- Provided information -
------------------------

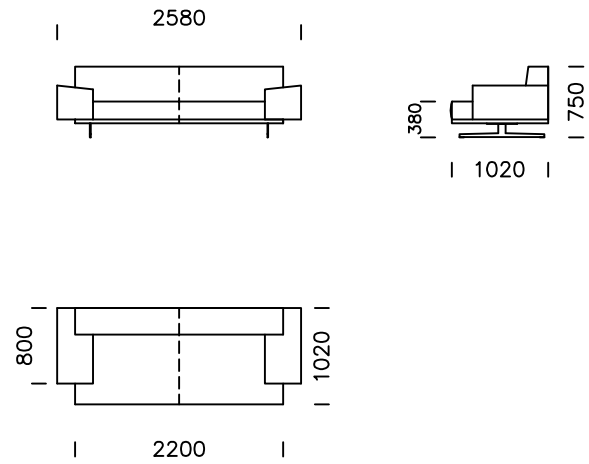

# MAXXO

Starke architektonische Volumen, die mit ihren ausladenden Armlehnen ins Auge fallen. Gekennzeichnet durch geometrische Linien sartorialer Handwerkskunst. Bietet sofort ein Gefühl von Komfort.

Alle angebotenen Produkte können auch spiegelverkehrt bestellt werden

**nobonobo**

Technischer spezifikation (mm)					
1	Gesamte Höhe	750	5	Gesamttiefe	1020
2	Sitzhöhe	380	6	Tiefe des Sitzes	740
3	Höheder Armlehne	510 - 550	7	Fußhöhe	150
4	Armlehnenbreite	380			

Sofa 1

Sofa 2

Sofa 2 plus

Sofa 3

Alle angebotenen Produkte können auch spiegelverkehrt bestellt werden

Linker Sitz 1

Linker Sitz 2

Linker Sitz 3

Pouf

Alle angebotenen Produkte können auch spiegelverkehrt bestellt werden
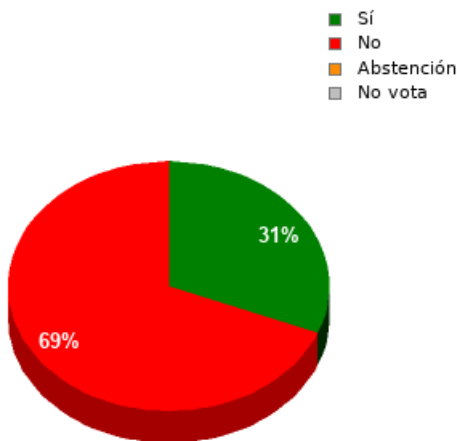

En esta sesión no se han identificado los asuntos; se suministran los datos en bruto, y puede que esta votación se haya anulado o repetido. Acuda al Diario de Sesiones correspondiente para cotejarlos o hacer comprobaciones.

19/10/2022 - 14:38:30

Boletín de convocatoria: [11B-1217](#)

Diario de sesiones: [11J124](#)

Resultados totales

Sí: 14
No: 31
Abstención: 0
No vota: 0
Votos emitidos:
45

Resultados por grupo parlamentario

GPFA
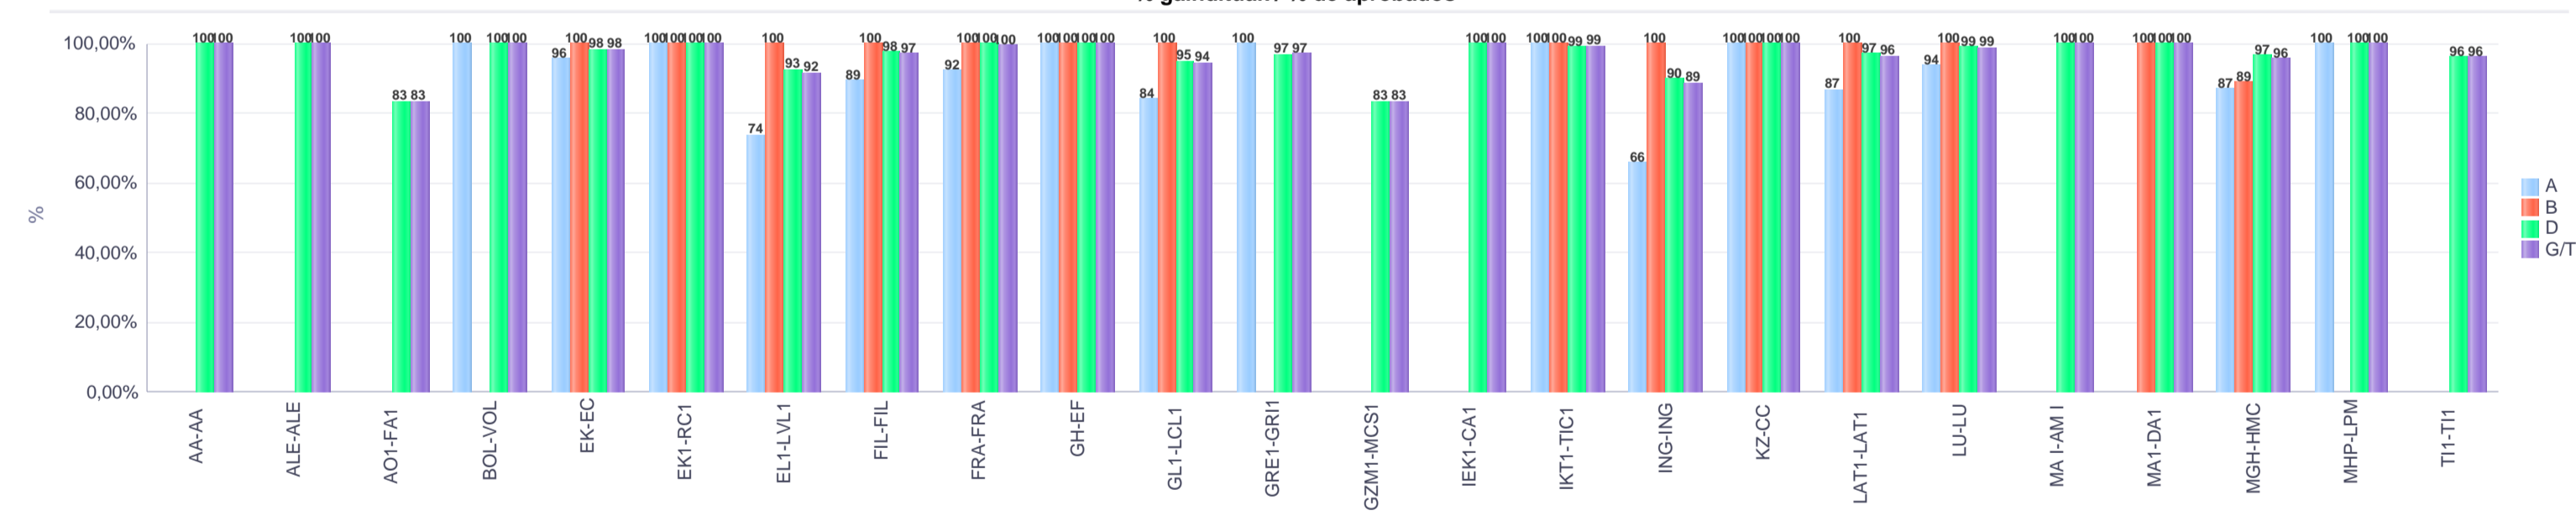

% gaituak / % de aprobados
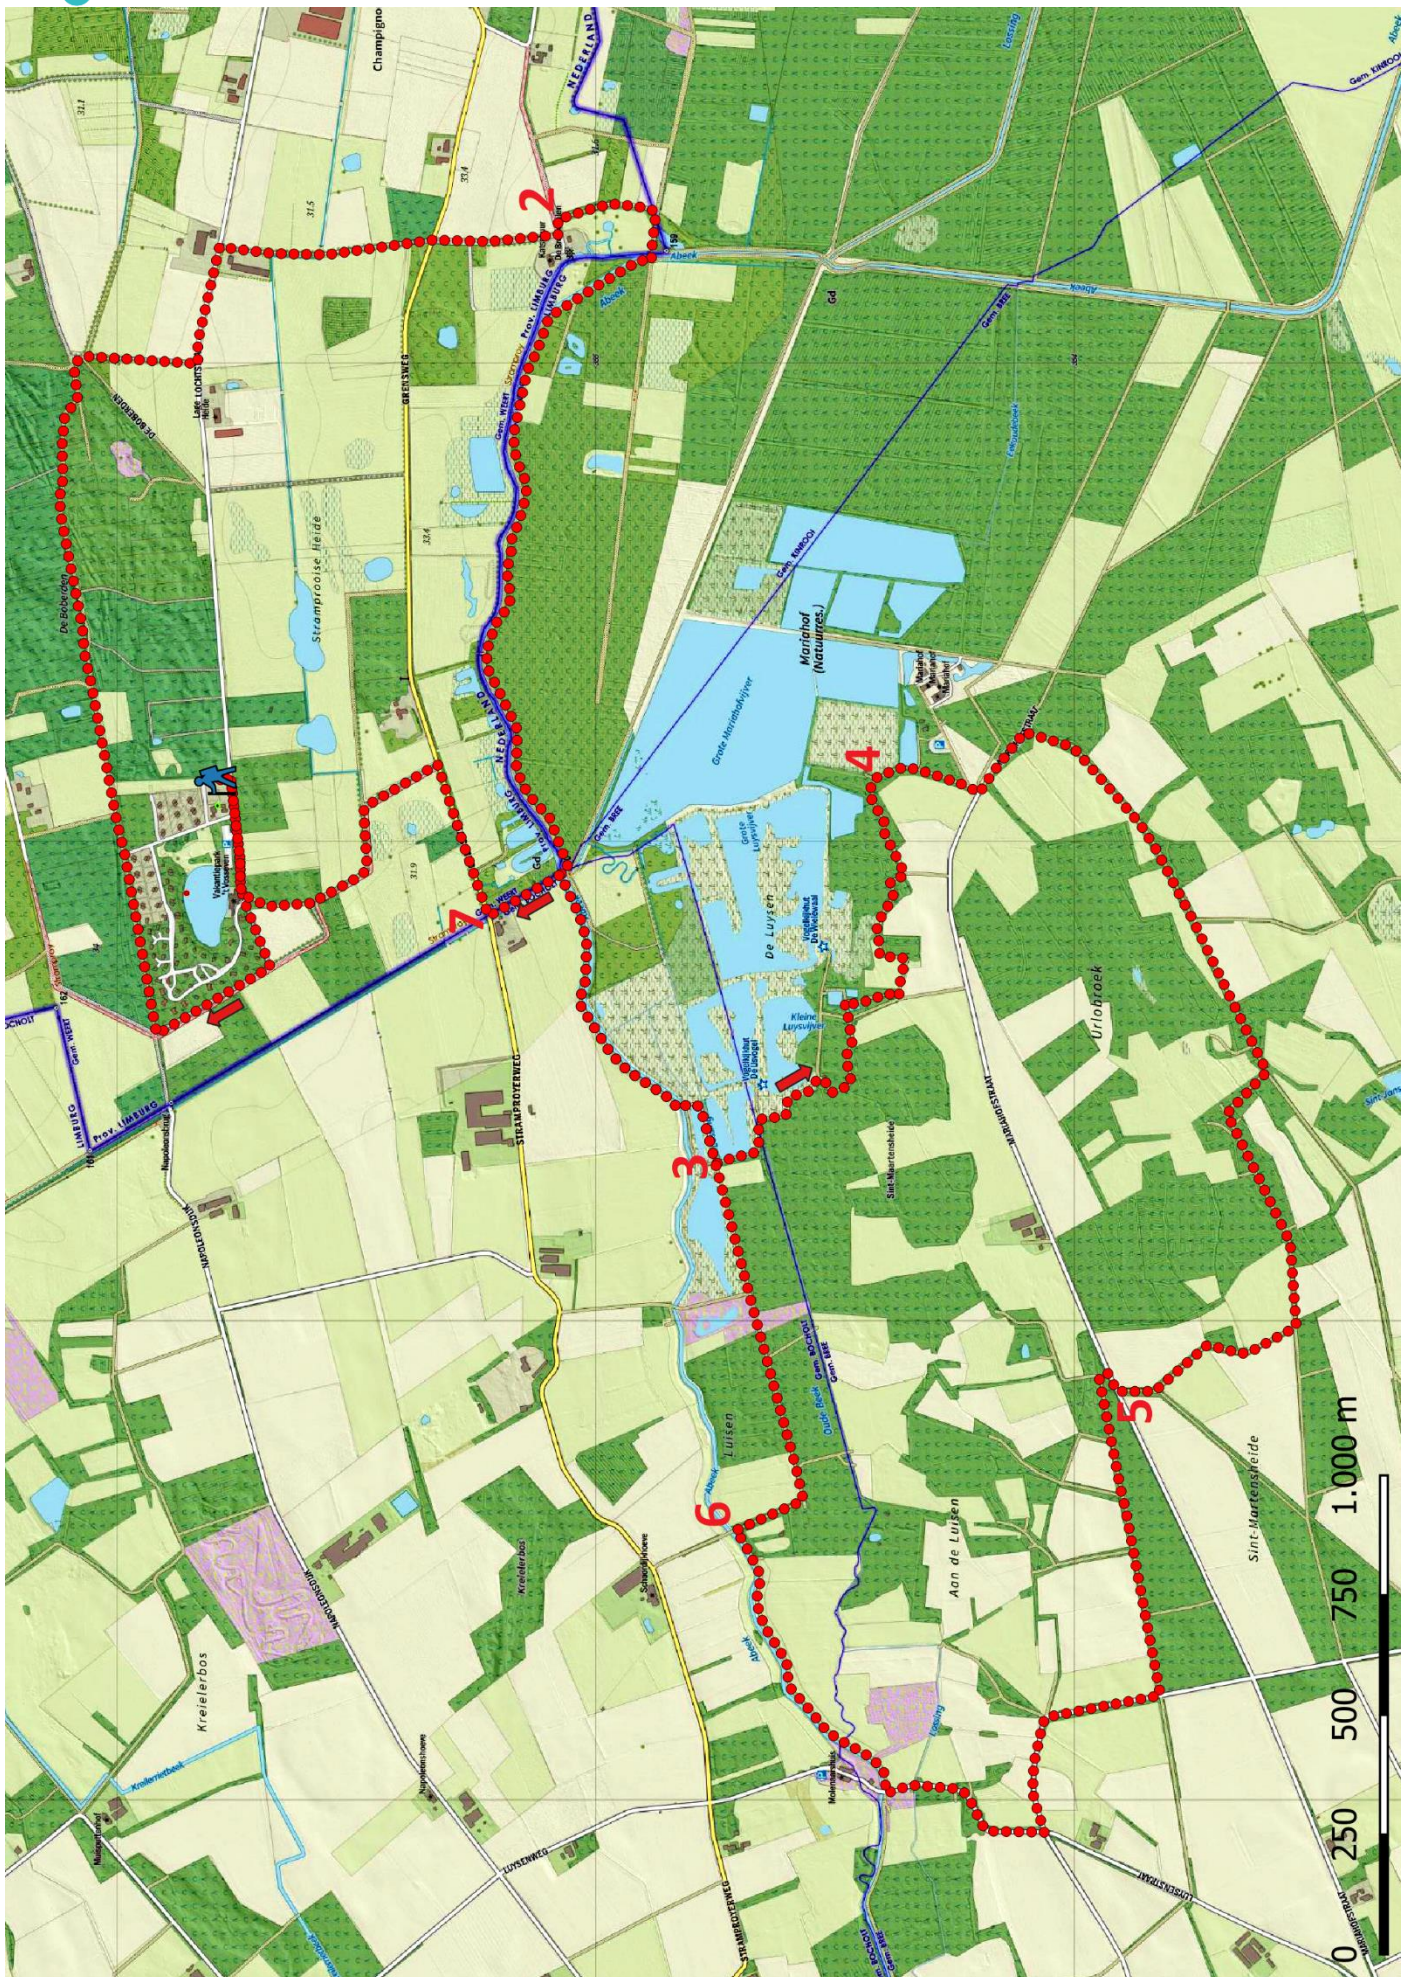

Klik, Print en Wandel

Wandelroutes voor en door wandelaars

Door het Mariahof | Stramproy te Limburg (nl) (15 kilometer)

------------------------

- What the exercise asks -
Return the records above verbatim, leaving out images.

- Response to this exercise -
# MAXXO

Starke architektonische Volumen, die mit ihren ausladenden Armlehnen ins Auge fallen. Gekennzeichnet durch geometrische Linien sartorialer Handwerkskunst. Bietet sofort ein Gefühl von Komfort.

Alle angebotenen Produkte können auch spiegelverkehrt bestellt werden

**nobonobo**

Technischer spezifikation (mm)					
1	Gesamte Höhe	750	5	Gesamttiefe	1020
2	Sitzhöhe	380	6	Tiefe des Sitzes	740
3	Höheder Armlehne	510 - 550	7	Fußhöhe	150
4	Armlehnenbreite	380			

Sofa 1

Sofa 2

Sofa 2 plus

Sofa 3

Alle angebotenen Produkte können auch spiegelverkehrt bestellt werden

Linker Sitz 1

Linker Sitz 2

Linker Sitz 3

Pouf

Alle angebotenen Produkte können auch spiegelverkehrt bestellt werden

En esta sesión no se han identificado los asuntos; se suministran los datos en bruto, y puede que esta votación se haya anulado o repetido. Acuda al Diario de Sesiones correspondiente para cotejarlos o hacer comprobaciones.

19/10/2022 - 14:38:30

Boletín de convocatoria: [11B-1217](#)

Diario de sesiones: [11J124](#)

Resultados totales

Sí: 14
No: 31
Abstención: 0
No vota: 0
Votos emitidos:
45

Resultados por grupo parlamentario

GPFA

% gaituak / % de aprobados

Klik, Print en Wandel

Wandelroutes voor en door wandelaars

Door het Mariahof | Stramproy te Limburg (nl) (15 kilometer)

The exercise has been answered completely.